- [Saved entries]
Start of Block
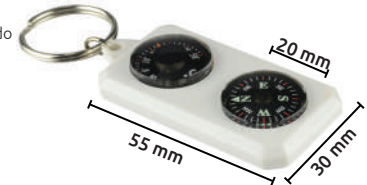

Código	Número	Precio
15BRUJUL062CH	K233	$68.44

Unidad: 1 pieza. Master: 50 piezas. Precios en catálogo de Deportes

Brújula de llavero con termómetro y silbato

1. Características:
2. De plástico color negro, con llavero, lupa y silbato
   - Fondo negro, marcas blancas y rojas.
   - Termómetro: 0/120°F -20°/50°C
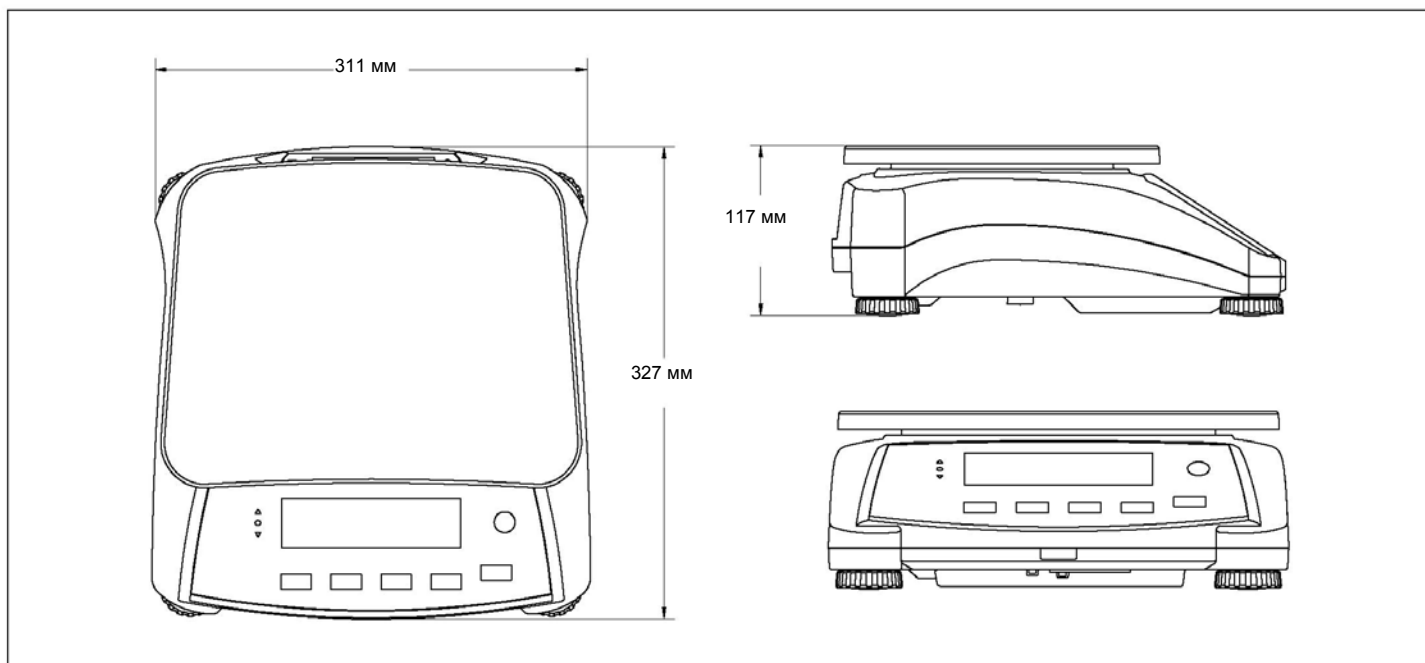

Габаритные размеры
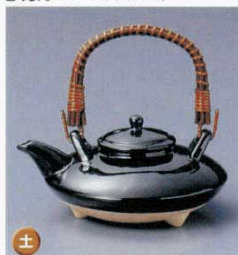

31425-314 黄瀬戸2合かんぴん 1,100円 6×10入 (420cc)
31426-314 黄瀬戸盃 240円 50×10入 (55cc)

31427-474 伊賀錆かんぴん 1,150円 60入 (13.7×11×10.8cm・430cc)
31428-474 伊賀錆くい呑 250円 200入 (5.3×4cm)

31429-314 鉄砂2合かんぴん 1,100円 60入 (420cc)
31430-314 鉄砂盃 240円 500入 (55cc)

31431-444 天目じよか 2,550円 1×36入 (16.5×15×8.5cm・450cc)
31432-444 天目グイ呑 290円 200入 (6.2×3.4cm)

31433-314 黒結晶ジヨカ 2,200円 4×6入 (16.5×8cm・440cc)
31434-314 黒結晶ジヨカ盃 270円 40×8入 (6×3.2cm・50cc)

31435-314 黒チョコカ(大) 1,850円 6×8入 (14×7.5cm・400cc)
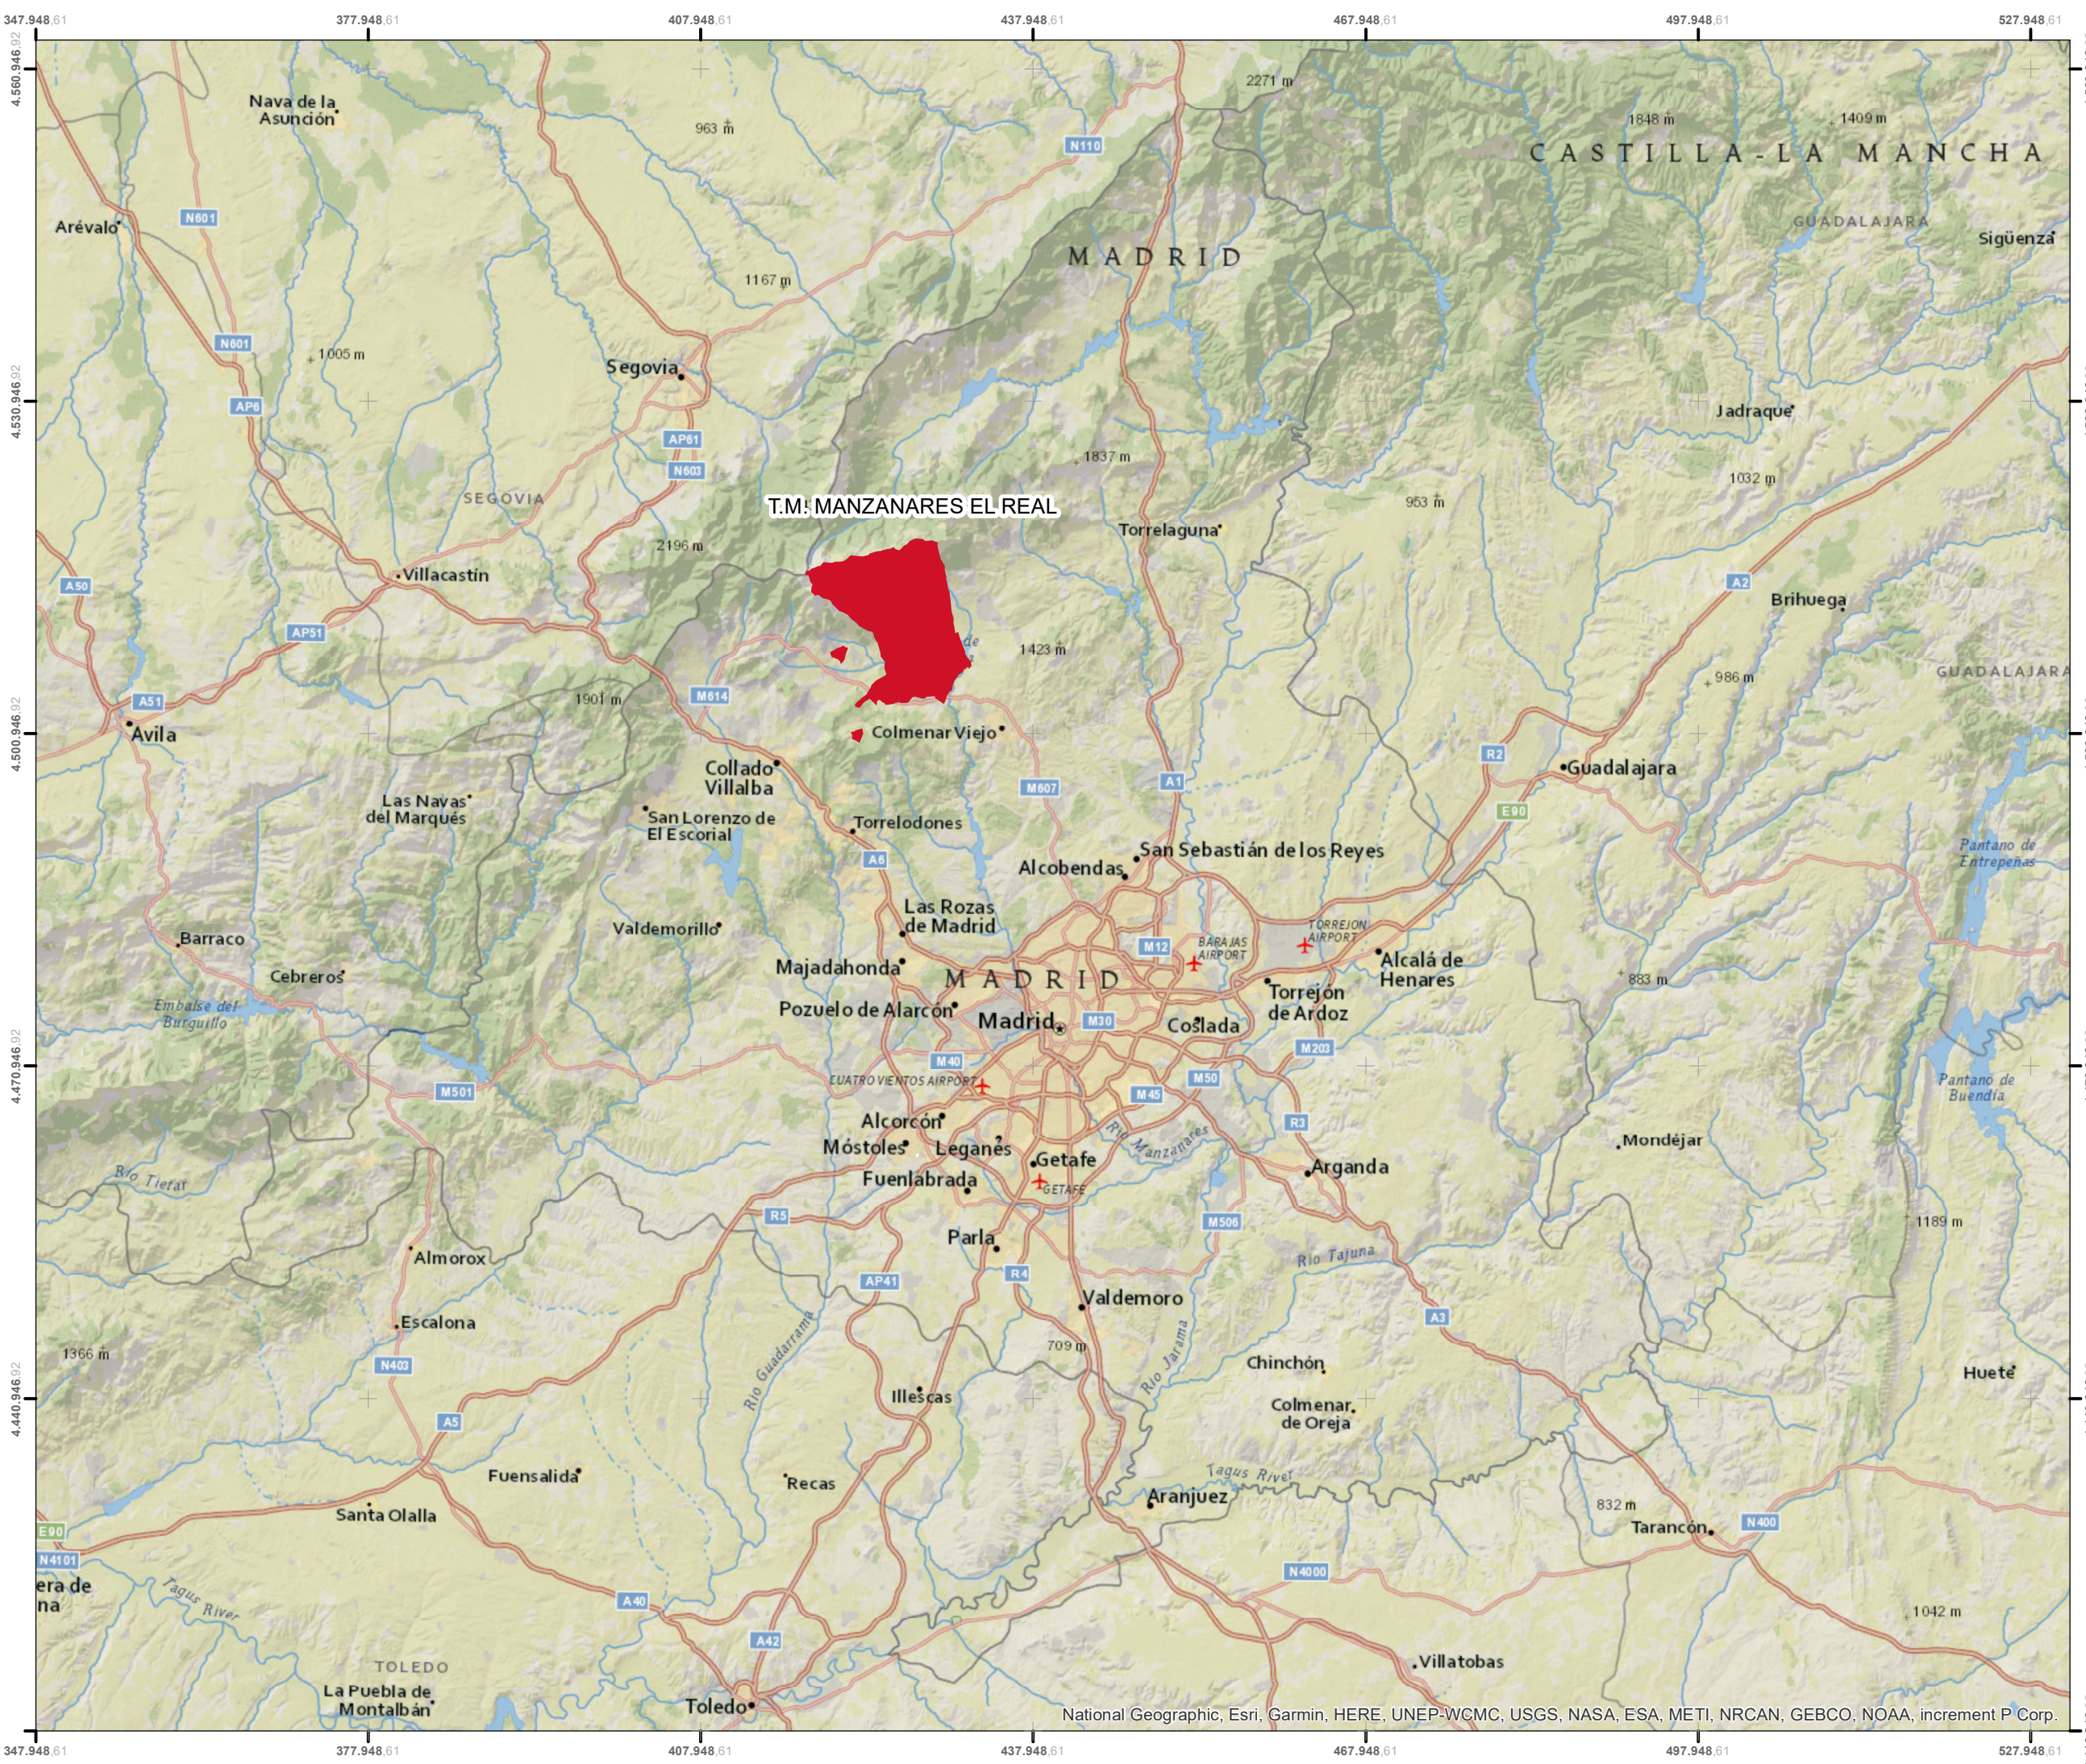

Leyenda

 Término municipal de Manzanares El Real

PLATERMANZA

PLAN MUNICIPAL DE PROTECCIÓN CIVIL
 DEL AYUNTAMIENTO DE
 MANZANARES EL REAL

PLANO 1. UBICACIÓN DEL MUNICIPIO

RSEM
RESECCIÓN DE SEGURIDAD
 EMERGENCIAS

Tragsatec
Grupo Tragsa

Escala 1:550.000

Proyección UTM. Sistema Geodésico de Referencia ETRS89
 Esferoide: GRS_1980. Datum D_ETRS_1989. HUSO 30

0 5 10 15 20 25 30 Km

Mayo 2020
End of Block
Start of Block
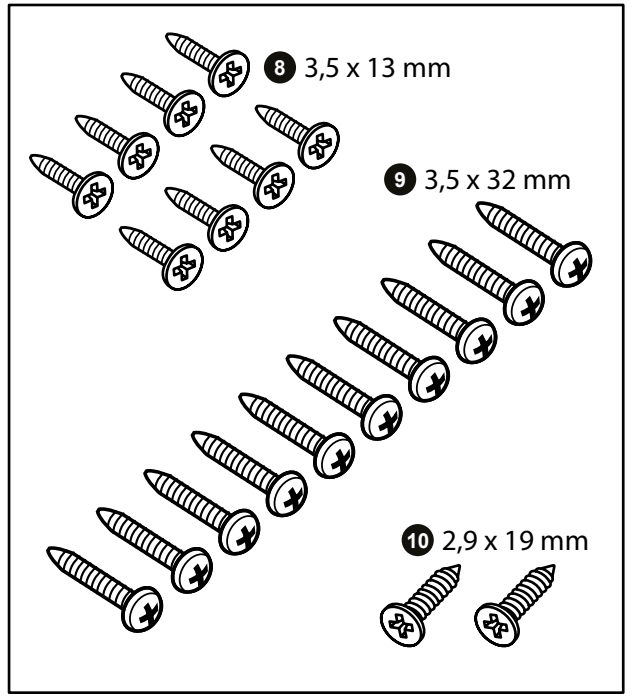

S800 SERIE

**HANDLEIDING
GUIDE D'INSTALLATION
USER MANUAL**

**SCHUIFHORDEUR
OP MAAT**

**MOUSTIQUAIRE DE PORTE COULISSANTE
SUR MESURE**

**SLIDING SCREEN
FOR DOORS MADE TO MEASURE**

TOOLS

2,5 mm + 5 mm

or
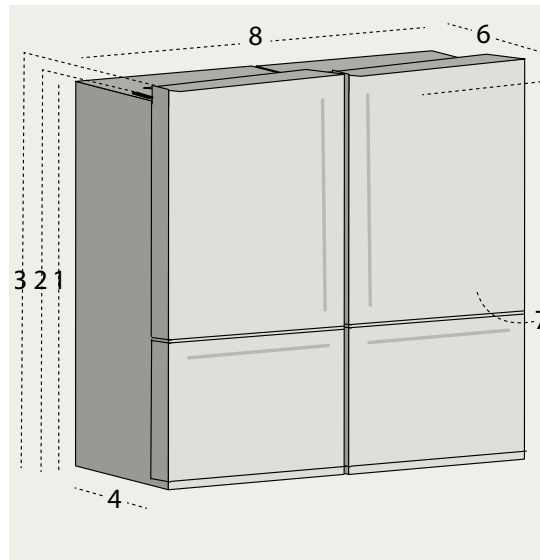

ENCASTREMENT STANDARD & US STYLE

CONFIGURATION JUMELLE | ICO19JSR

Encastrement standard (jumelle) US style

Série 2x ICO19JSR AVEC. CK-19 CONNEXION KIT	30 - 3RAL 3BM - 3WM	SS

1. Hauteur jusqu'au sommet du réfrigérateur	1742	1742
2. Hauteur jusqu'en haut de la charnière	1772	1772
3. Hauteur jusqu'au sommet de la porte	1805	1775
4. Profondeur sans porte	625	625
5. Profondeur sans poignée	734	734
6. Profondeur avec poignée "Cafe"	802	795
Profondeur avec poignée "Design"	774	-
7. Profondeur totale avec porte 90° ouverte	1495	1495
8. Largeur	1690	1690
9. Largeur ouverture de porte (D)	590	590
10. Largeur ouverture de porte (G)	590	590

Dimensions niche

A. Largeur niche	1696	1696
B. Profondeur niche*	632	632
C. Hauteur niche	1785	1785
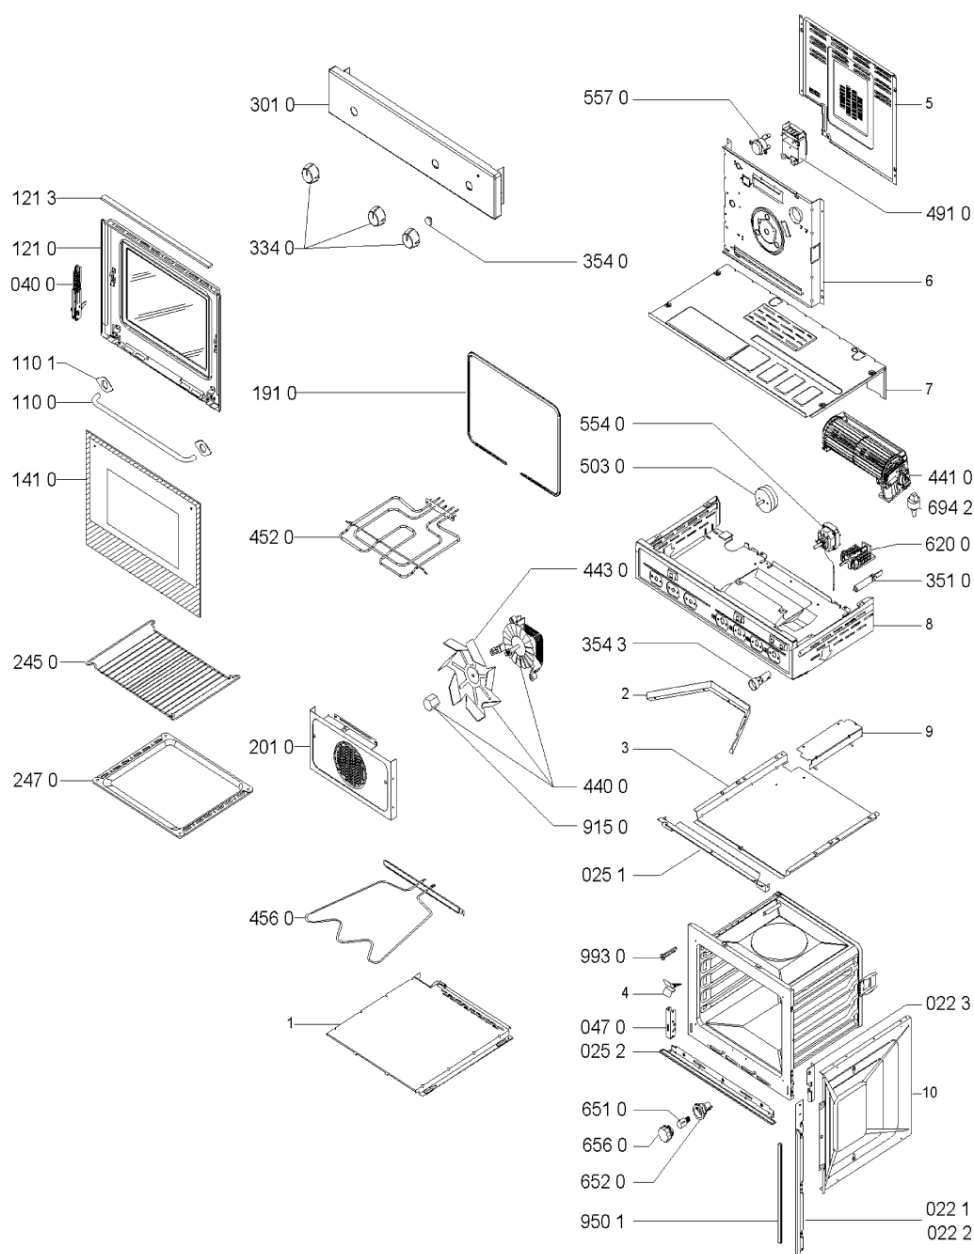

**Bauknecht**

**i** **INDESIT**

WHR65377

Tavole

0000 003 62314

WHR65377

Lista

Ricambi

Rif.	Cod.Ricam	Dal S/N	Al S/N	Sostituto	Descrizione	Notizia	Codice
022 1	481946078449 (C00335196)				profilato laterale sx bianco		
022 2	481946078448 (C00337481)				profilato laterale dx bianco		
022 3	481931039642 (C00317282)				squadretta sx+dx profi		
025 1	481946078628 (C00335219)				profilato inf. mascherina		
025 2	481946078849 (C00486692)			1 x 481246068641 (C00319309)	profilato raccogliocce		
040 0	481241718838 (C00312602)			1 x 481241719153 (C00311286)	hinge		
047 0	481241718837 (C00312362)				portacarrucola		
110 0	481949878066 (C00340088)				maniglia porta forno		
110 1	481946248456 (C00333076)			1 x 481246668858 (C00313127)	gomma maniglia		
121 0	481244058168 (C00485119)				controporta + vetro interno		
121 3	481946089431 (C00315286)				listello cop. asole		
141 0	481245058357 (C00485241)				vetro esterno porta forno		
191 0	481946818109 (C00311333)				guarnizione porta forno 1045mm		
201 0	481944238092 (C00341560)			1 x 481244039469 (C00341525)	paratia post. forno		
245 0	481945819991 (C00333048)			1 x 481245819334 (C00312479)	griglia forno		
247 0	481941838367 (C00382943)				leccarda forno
End of Block
Start of Block
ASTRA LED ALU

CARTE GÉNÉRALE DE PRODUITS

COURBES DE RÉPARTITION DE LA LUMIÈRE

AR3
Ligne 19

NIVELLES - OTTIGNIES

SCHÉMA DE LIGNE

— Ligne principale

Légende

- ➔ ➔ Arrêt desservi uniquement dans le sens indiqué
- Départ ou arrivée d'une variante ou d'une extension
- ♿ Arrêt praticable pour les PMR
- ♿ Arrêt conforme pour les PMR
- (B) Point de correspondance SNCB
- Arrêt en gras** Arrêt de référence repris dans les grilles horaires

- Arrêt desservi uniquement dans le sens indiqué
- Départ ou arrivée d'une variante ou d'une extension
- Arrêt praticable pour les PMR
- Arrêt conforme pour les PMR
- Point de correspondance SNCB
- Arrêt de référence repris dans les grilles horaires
End of Block
- [Task description] Your answer should consist of the lines above that hold the word "dans", copied exactly.

- [Completed task]
- ➔ ➔ Arrêt desservi uniquement dans le sens indiqué
- Arrêt en gras** Arrêt de référence repris dans les grilles horaires
- Arrêt desservi uniquement dans le sens indiqué
- Arrêt de référence repris dans les grilles horaires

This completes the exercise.